В конце концов он подал голос.
Я не стал докапываться, что именно с ним стряслось, отчего он так напуган, и пообещал, что утром заберу его отсюда, ибо таскать полуживое тело по крышам просто боюсь. Равным образом я пообещал ему, что жить он будет у меня, а матушку с отцом увидит только тогда, когда сам того пожелает.
И наутро мы с Яшкой прибыли за ним.
Яшка вступил в переговоры с дворником – я бы такого дворника гнал пинками от Мельничной по меньшей мере до Берга, не останавливаясь. Здоровый детина, а улица перед домом с утра не метена! Гаврюша, который прибыл с телегой, вместе с кучером пошел в сарай раздвигать мебель, и мы вчетвером кое-как извлекли оттуда Ваню. Он мог стоять, но ходить – только с помощью. Я обнял его, успокоил, помог уложить в телеге, и мы двинулись в Московский форштадт.
Там нас уже ждали две чистые комнаты на втором этаже русского трактира. Я остался с Ваней, а Свечкина отправил за вещами. Когда он уже вышел из комнаты, я вспомнил про мисс Бетти, вернул его и дал ему сто рублей ассигнациями – пусть передаст без всяких объяснений. После чего я стал ждать доктора-немца, а Гаврюша скрашивал мое ожидание всякими историйками из жизни форштадта. Я был абсолютно счастлив – племянник нашелся, доктор вскоре поставит его на ноги, и можно будет возвращаться в столицу. Я даже не хотел более идти в полицию и рассказывать о похитителе липпицианов, который, возможно, прячется в имении Крюднера.

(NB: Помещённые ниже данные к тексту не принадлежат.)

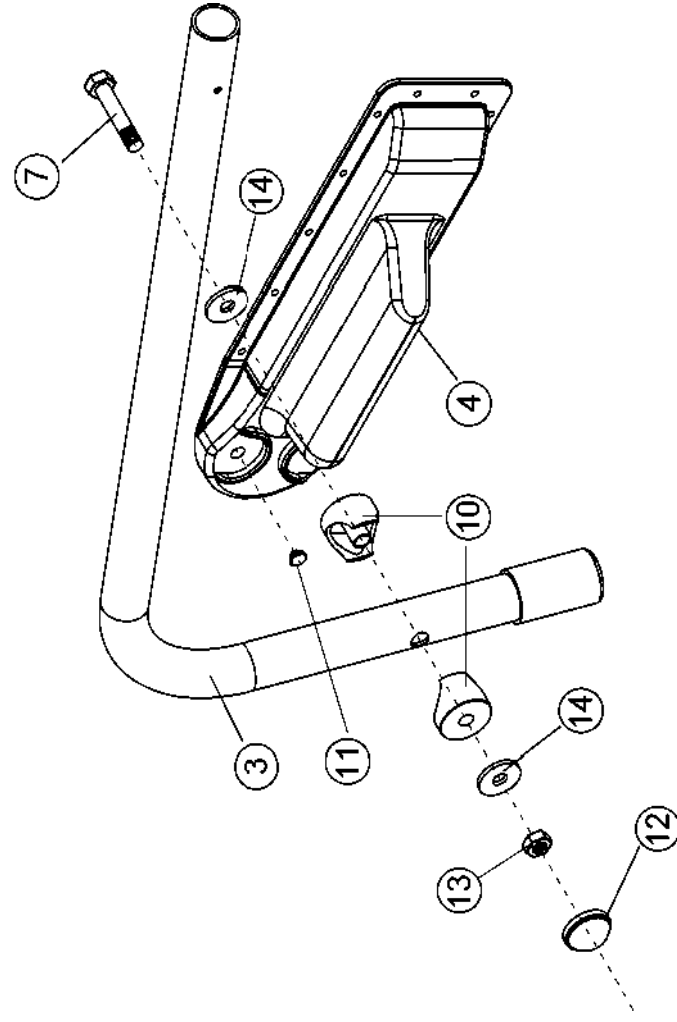

Relata Eco kansinostin

SAP: 102394851 | EAN: 6438014272221

Yhteensopivat mitat

Asennuspiirros

Asennusvaihe 1:

Asenna putket kumpaankin päähän.

Asennusvaihe 2:

Kiinnitä kiinnikkeet ja ruuvit.

Huomaa osien L ja R erot.

Asennusvaihe 3:

Kiinnitä putket porealtaaseen.

Asennusvaihe 4:

Kiinnitä mekanismin ruuvit.
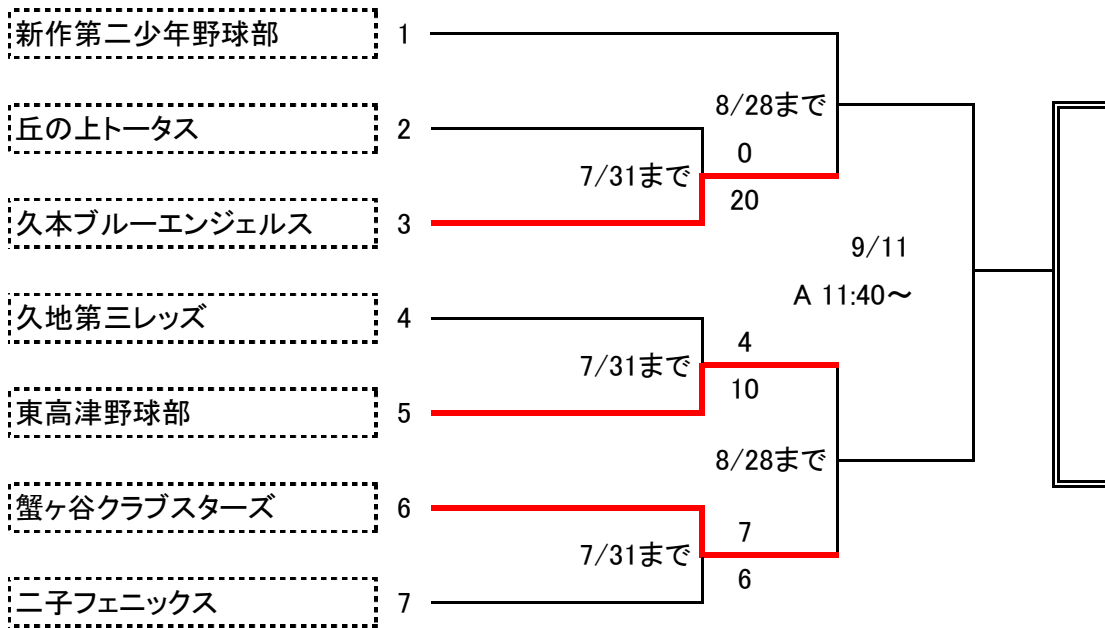

2016年 若獅子旗大会 高津区予選会

A 瀬田球場

* 番号の小さい方が一塁側

* 番号の大きい方が三塁側
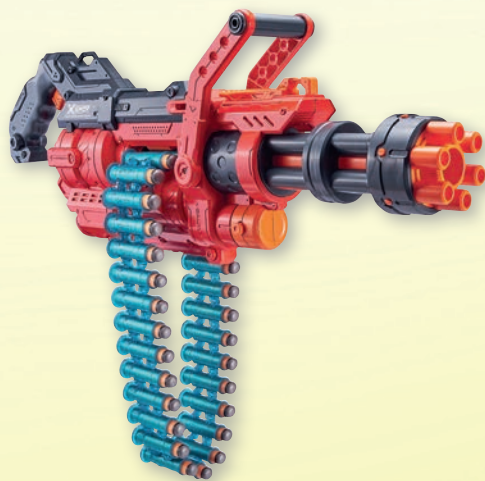

Enfants de
7 à 10 ans

52

MITRAILLETTE XSHOT CRUSHER

Fusil à fléchette 35 coups, tire jusqu'à 27 m, système de cartouchière de 35 fléchettes à défilement. Livré avec 48 fléchettes en mousse. Fonctionne à air comprimé. Longueur : 69 cm. (C1299)
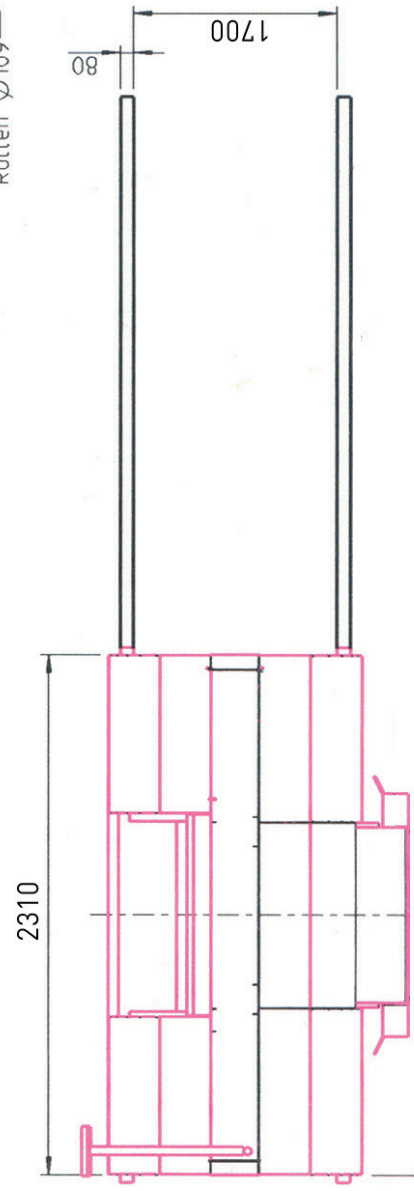

Rollen $\varnothing 109$

MABI 3000E

MABI 5A = 1000mm
MABI 5A = 1250mm

Technische Änderungen vorbehalten / Subject to technical modifications /
 Sous réserve de modifications techniques / Con riserva di apportare modifiche tecniche
 Technische wijzingen voorbehouden / Производител оставяет за собой право вносить технические изменения

Потом пришел доктор по фамилии Зильберштейн, осмотрел Ваню и сказал, что племянник по меньшей мере неделю должен будет провести в постели. Также он велел занавесить окна, чтобы в комнате царил полумрак, и выписал лекарства, с которыми Гаврюша побежал в Рижскую крепость – только там и были городские аптеки. Он вернулся с какими-то микстурами в пузырьках, и мы принялись выпаивать эти снадобья Ване с ложечки. Прибыл Свечкин с нашим имуществом, и началась вся суета, сопровождающая обустройство на новом месте.
Вскоре Ване полегчало. Он сам заговорил со мной, каясь в грехах.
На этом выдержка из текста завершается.